Transcribe the listing below only from the line with "Produktový list" up to and including the line with "Cena je za kus jednostranně".

Study material:

*** Block opens ***

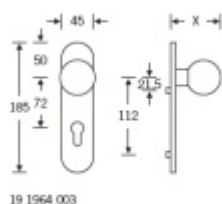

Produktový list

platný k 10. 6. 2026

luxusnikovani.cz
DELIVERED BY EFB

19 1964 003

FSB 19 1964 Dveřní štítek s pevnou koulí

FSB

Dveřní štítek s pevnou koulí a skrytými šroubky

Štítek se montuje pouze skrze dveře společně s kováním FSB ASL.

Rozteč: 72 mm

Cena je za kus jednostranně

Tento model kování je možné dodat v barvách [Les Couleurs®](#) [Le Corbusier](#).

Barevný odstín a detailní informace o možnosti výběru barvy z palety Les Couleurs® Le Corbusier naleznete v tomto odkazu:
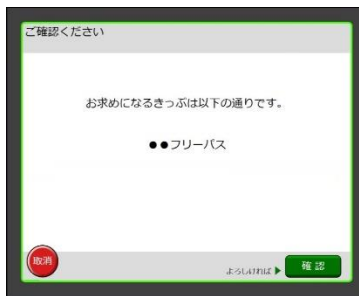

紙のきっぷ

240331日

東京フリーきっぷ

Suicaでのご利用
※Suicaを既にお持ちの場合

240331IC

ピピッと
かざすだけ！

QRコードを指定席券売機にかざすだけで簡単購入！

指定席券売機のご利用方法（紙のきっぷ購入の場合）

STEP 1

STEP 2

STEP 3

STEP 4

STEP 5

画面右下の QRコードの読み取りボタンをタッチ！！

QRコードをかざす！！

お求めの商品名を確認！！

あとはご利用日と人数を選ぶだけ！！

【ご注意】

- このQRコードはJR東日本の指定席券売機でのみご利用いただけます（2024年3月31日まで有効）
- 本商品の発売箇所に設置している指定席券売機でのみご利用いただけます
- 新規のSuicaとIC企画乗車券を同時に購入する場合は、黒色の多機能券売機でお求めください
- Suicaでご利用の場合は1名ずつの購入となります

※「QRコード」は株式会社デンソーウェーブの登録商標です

*** Block closes ***
*** Block opens ***

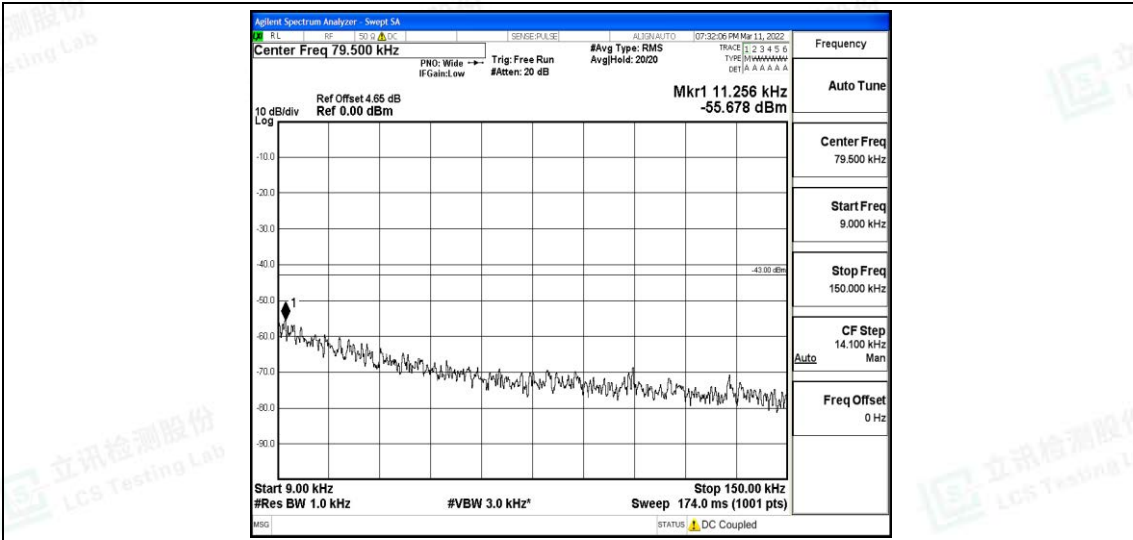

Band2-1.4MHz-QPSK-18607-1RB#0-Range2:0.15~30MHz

*** Block closes ***

Problem solution:
Produktový list

platný k 10. 6. 2026

luxusnikovani.cz
DELIVERED BY EFB

19 1964 003

FSB 19 1964 Dveřní štítek s pevnou koulí

FSB

Dveřní štítek s pevnou koulí a skrytými šroubky

Štítek se montuje pouze skrze dveře společně s kováním FSB ASL.

Rozteč: 72 mm

Cena je za kus jednostranně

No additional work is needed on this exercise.